**What the task requires:** Lines containing the word "Norco" are the ones to copy from the records below.

Excerpts from a dataset

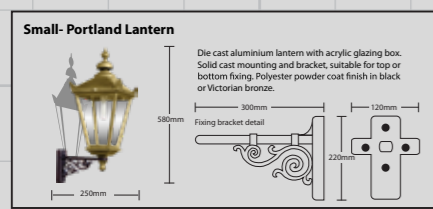

H THREE x new lanterns.
H.A.G 2.5m.
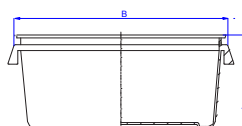

T: +31 (0)88-2402400
F: +31 (0)88-2402440
E: sales@hk-plastics.com

ECM-600

Basic data:

Contents:	0,6 liters
Exact capacity:	0,6 liters
Weight container:	29 grams
Weight standard lid:	29 grams
Dimensions tolerance:	+/- 1 mm
Volume / weight tolerance:	+/- 5%

Dimensions:

Height (A):	39,7 mm
Length (B):	191,81 mm
Width (C):	128,87 mm
Width including handle grips:	191,81 mm
Nesting gap:	16,58 mm
Height with lid (D):	40,3 mm
Stacked height with lid (E):	32,9 mm

Decoration (maximal dimensions):

Height:	IML-lid:	99,26 mm
Width (long side for off-set):		209,49 mm
Width (short side for off-set):		
(CTC):		
No. of printed sides:		

Europallet configuration

Containers on pallet:	3744 pcs.
Layers per pallet:	4
Stacks per layer:	36
Total per stack:	26
Pallet Height:	2000 mm
Pallet Height with lids:	2400 mm
Lids on pallet (standard pallet):	23400 pcs.
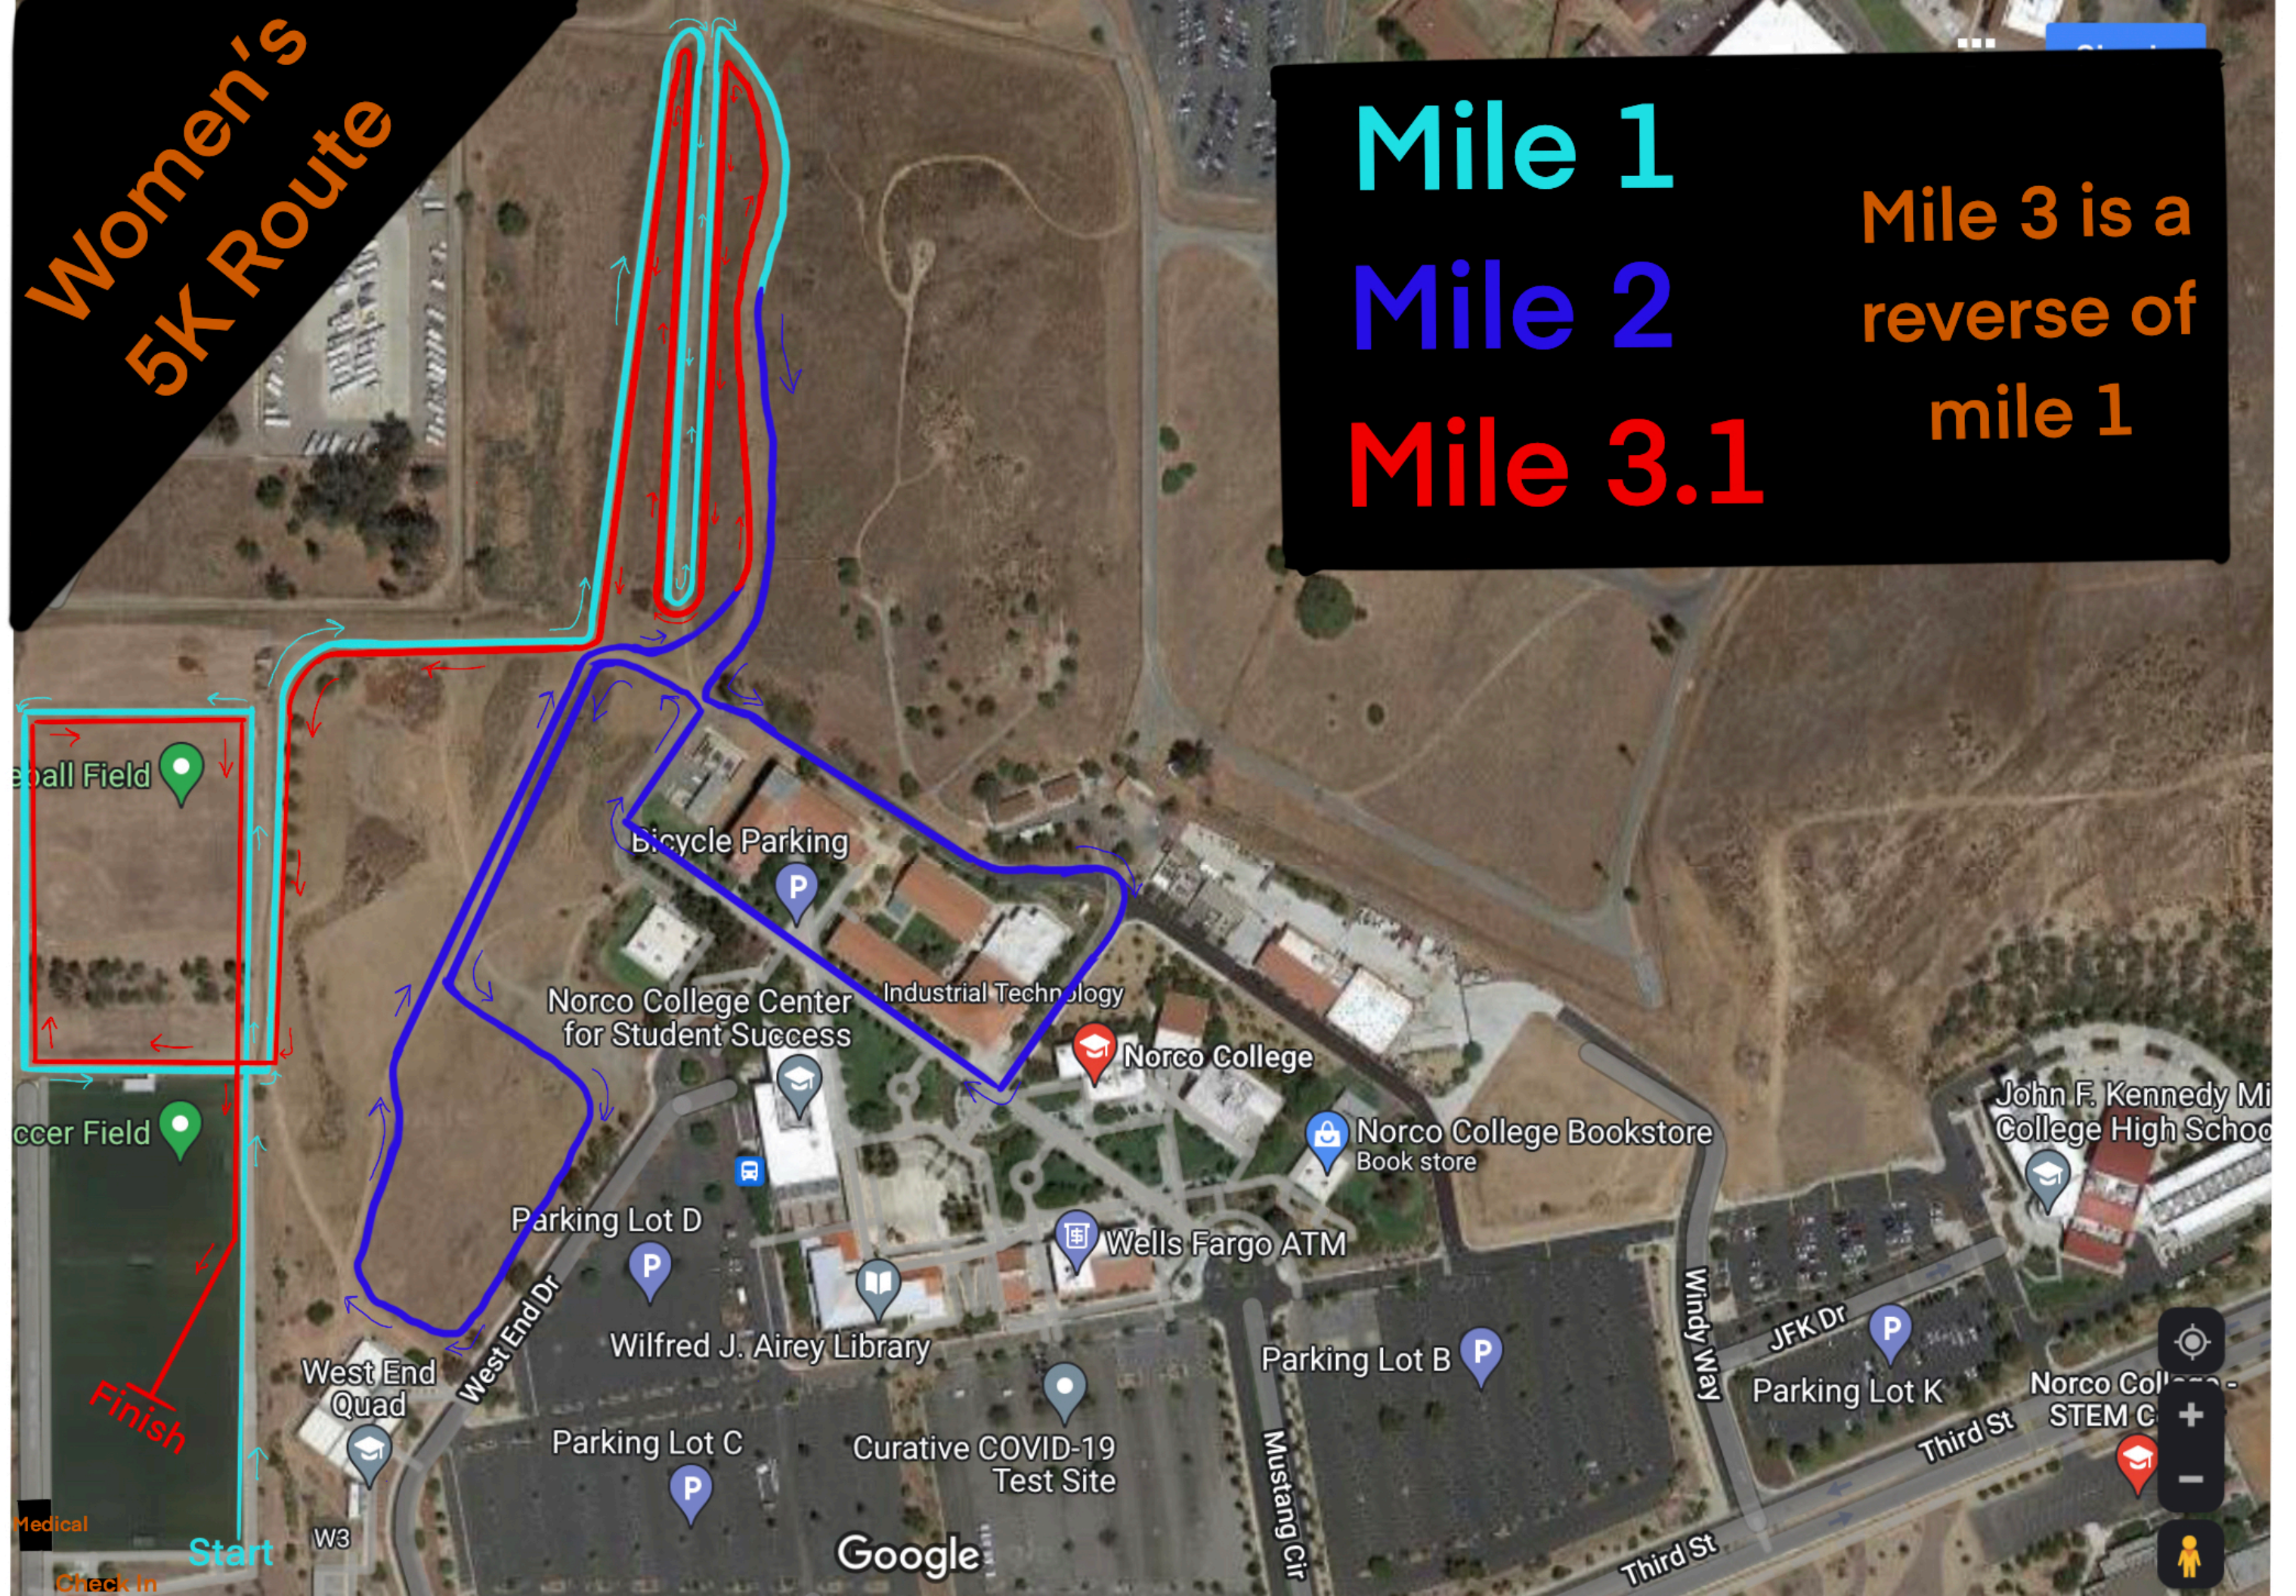

Women's 5K Route

Mile 1
Mile 2
Mile 3.1

Mile 3 is a reverse of mile 1

Baseball Field
Soccer Field
Finish
Start
Check In
Medical

Bicycle Parking
Norco College Center for Student Success
Industrial Technology
Norco College
Norco College Bookstore
Wells Fargo ATM
Wilfred J. Airey Library
Curative COVID-19 Test Site
Parking Lot D
Parking Lot C
Parking Lot B
Parking Lot K
Windy Way
JFK Dr
Third St
Mustang Cir
John F. Kennedy Middle School
College High School
Norco College STEM Center
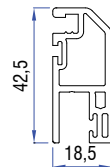

Frame Profile
41150-11000

Sash Profile
41150-12000

Mullion Profile
41150-13000

Single Glazing Bead (6mm)
41064-30100N

I - 44 SLIDING SERIES

Double Rail Profile
41231 - 02000

Sliding Sash
41231 - 13200

Adaptor Screen Sash
41301 - 05000
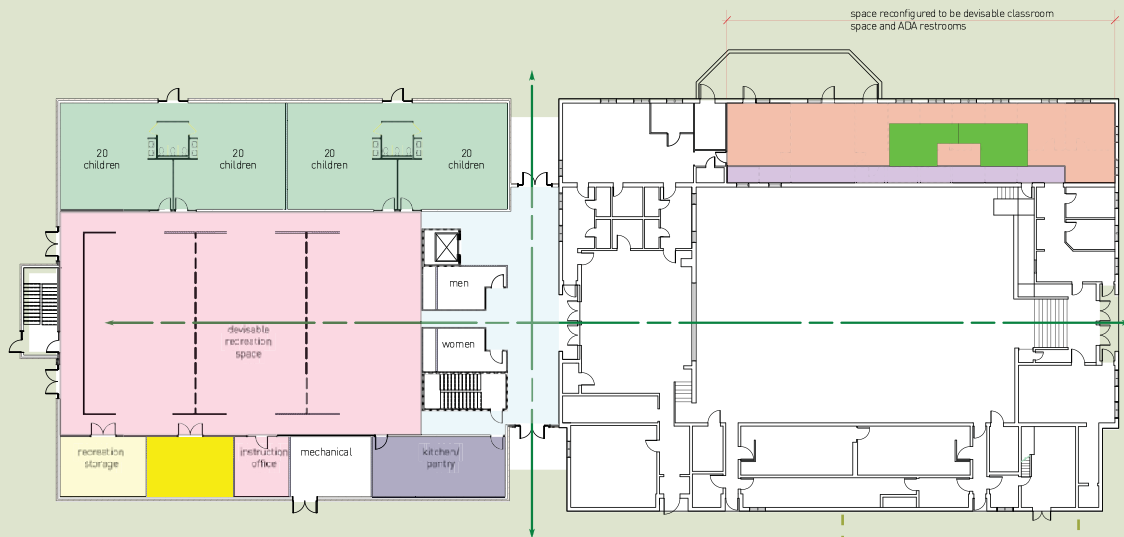

Concord Neighborhood Center

- Located in Indianapolis, IN
- Project Type: Master Plan

Project Description: Review the two previous masterplans done over the past ten years. Met with the Board and Center Management to update/modify the masterplan to align to the economic and demographic of the current center. Toured facility to review how the center is currently used. Discuss the possibility of shared use with the Parks Department. The center is adjacent to a city park. The center would include an elderly social area, before and after school care, k-3 daycare, evening activities for community, General Education Development (GED), computer room and HIV counseling.

1 proposed first floor schematic floorplan
Scale: 1" = 20 ft

1 proposed second floor schematic floorplan
Scale: 1" = 20 ft
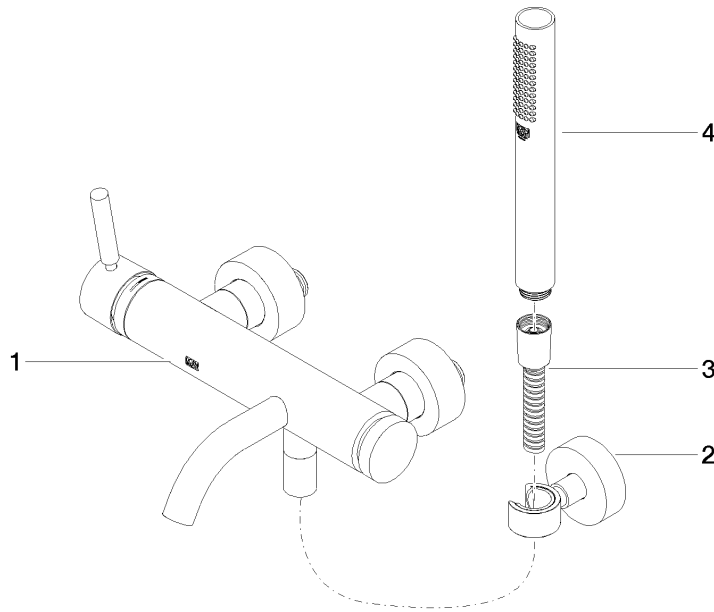

META Single-lever bath mixer for wall mounting with hand shower set - Matte Black

META

33 233 660

- spout: circular, air-enriched flow
- max. flow 14 l/min at 3 bar flow pressure
- Hand shower: COMPACT RAIN, max. flow rate 6.8 l/min (at 3 bar)
- complete hand shower set with anti-scale system
- automatic bath/shower diverter
- 202mm projection
- slide-on rosettes Ø 60 mm
- gauge 150 mm - 15 mm
- 1/2" connection
- metal shower hose 1250mm with integrated anti-twist protection
- shower holder rosette Ø 57mm
- WRAS 2207043

Required miscellaneous

- Concealed adapter -** 35 080 970-90
- please order two adapters (USA only) 0010

33 233 660
mm [inches]

Flow rate chart

Codes & Standards

California Energy
Commission
(CEC)

META Single-lever bath mixer for wall mounting with hand shower set - Matte Black

META

33 233 660

Certificates

Belgaqua_21-025- LGA_29687. WRAS_2207043.
27_1.

33 233 660

Spare parts list

No.	Item Number	Name	Quantity used	Delivery time
1	33 200 660-33	META Single-lever bath mixer for wall mounting without shower set - Matte Black	1	10
2	28 050 920-33	holder	1	-
Spare part can no longer be ordered, please order the replacement item				
3	90 30 02 072 00-33	Metal shower hose 1/2" x 3/8" x 1250 mm - Matte Black	1	30
4	90 12 11 140 30-33	shower	1	30

**Response to this task:**
Norco College Center for Student Success
Norco College
Norco College Bookstore
Norco College STEM Center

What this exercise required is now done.